Utterly at a variance with all the circumstances surrounding this action and incorrectly stating the law, the instruction was properly refused.
(d) Like reasons may appropriately be urged to sustain the action of the trial court in refusing to give defendant's instruction numbered eleven, with which we will not burden this opinion by inserting the same herein.
VI. Some serious misgivings arise as to whether the amount of the damage awarded was not excessive.

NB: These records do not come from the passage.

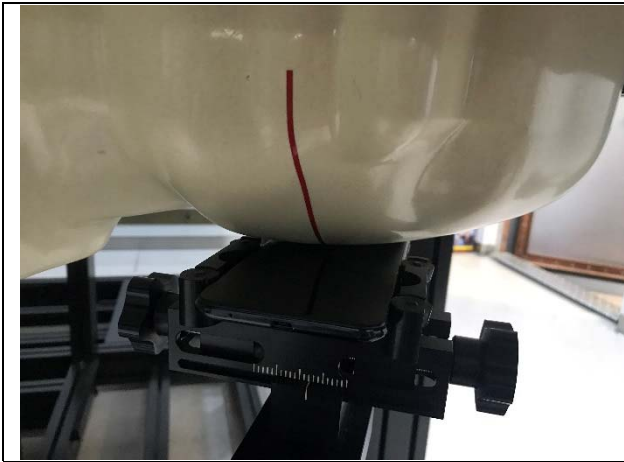

TEST SETUP

Cheek position, left side

Tilt position, left side

Cheek position, Right side

Tilt position, Right side

FLAT position, Front

FLAT position, Back

FLAT position, Top

FLAT position, Bottom

FLAT position, Left

FLAT position, Right

10mm Spacer

The thickness of EUT:5mm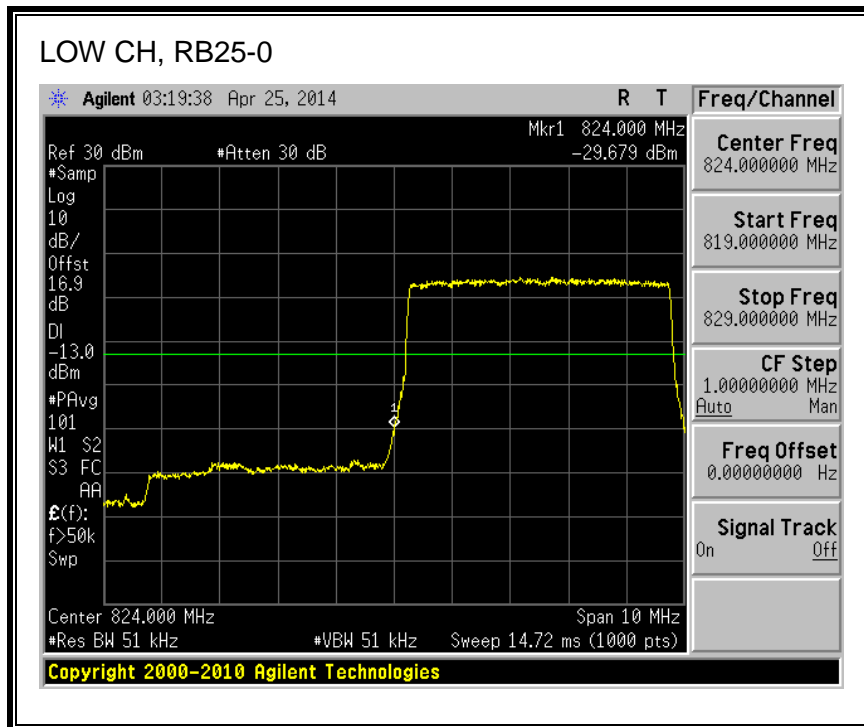

QPSK, (10.0 MHz BAND WIDTH)

16QAM, (10.0 MHz BAND WIDTH)

QPSK, (15.0 MHz BAND WIDTH)

16QAM, (15.0 MHz BAND WIDTH)

QPSK, (20.0 MHz BAND WIDTH)

16QAM, (20.0 MHz BAND WIDTH)

8.2.3. LTE BAND 5 BANDEDGE

QPSK, (1.4 MHz BAND WIDTH)

16QAM, (1.4 MHz BAND WIDTH)

QPSK, (3.0 MHz BAND WIDTH)

16QAM, (3.0 MHz BAND WIDTH)

QPSK, (5.0 MHz BAND WIDTH)

16QAM, (5.0 MHz BAND WIDTH)

QPSK, (10.0 MHz BAND WIDTH)

16QAM, (10.0 MHz BAND WIDTH)

8.2.4. LTE BAND 13 BANDEDGE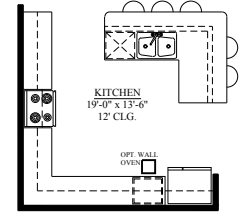

INDIGO SERIES

EDISTO

2773 SQ. FT.
3-4 BEDROOMS, 2-3 BATHS

Shown with Optional Front Door

Shown with
Optional
Front Door

B

FIRST FLOOR PLAN

OPTIONAL FIREPLACE
18" x 150"

DELUXE MASTER BATHROOM OPTION

GOURMET ISLAND OPTION

FIRST LEVEL PLAN- ELEVATION "B"

BONUS FLOOR PLAN

GUEST SUITE OPTION

SUNROOM OPTION

COVERED/ SCREEN PORCH OPTION

"EDISTO" 2,773 SF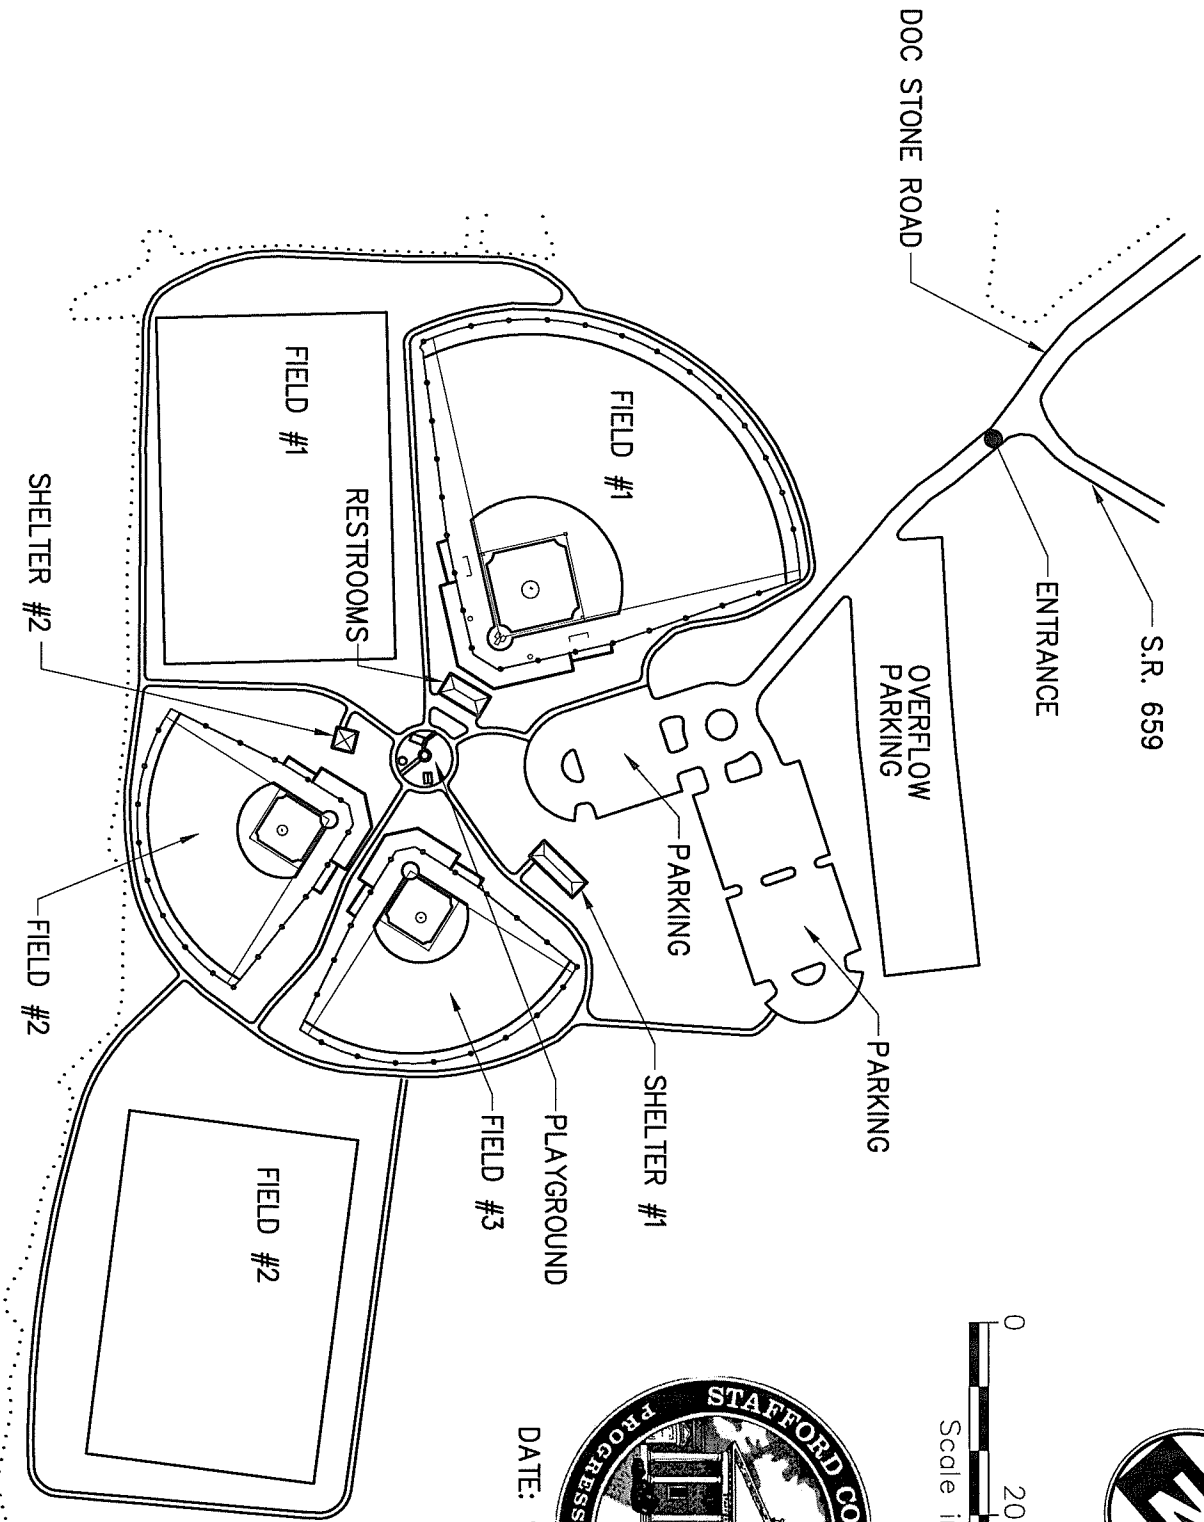

**SMITH LAKE PARK**  
370 DOC STONE ROAD  
STAFFORD, VA 22556

DATE: 9/1/2005

Personally, as indicated in former cases, we have contended that unless a verdict was so evidently excessive as to constitute an unreasonable compensation for the injury sustained, we should not interfere with same. In the presence of evidence of such a verdict, we Excessive Verdict. have maintained that the care should be reversed and remanded as indicating other than a lack or prejudice and a reliance upon relevant proof which should characterize a fair verdict. A majority of the court, however, do not coincide with this view and insist that whether the verdict rendered is deemed excessive a remittitur should be required as a condition precedent to the affirmance of the judgment Measuring this verdict, therefore, not according to my personal views, but the will of the majority, and thereby obviating a reversal and remanding of the case, there being no other error, the amount awarded should be reduced to ten thousand dollars. Upon this remittitur being made, the judgment of the trial court should be affirmed. Woodson, C.J., concurs.